# TASK OBJECTIVE
Show, in full, each line of the data that contains "sous".

# DATASET EXTRACT
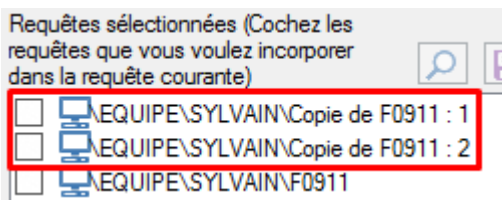

la loupe permet d'avoir un aperçu de la requête appelée :

Si on coche la case devant le nom d'une sous-requête, on l'**incorpore** à la requête qu'on est en train de construire : une **copie figée** de la sous-requête appelée est stockée dans la requête qu'on est en

train de construire.

Si on ne coche pas la case, on garde un lien dynamique avec la requête appelée.

La publication d'une requête incorpore forcément les sous-requêtes.

Lorsqu'une requête est incorporée, on peut l'extraire dans le répertoire de l'utilisateur.

On peut ajouter plusieurs fois la même sous-requête. Un indice (:1, :2, :3...) permet de distinguer les différentes occurrences.

- [contenu][✓ erica, 2020-07-02]à faire
- [orthographe]à faire
- [liens_internes]à faire
- [liens_casss]à faire
- [page_absente]à faire
- [todo]à faire
- [coherence_graphique]à faire
- [taille_images]à faire
- [version_mobile]à faire
- [version_anglaise]à faire

# RESPONSE TO THIS TASK
Si on coche la case devant le nom d'une sous-requête, on l'**incorpore** à la requête qu'on est en train de construire : une **copie figée** de la sous-requête appelée est stockée dans la requête qu'on est en
La publication d'une requête incorpore forcément les sous-requêtes.
On peut ajouter plusieurs fois la même sous-requête. Un indice (:1, :2, :3...) permet de distinguer les différentes occurrences.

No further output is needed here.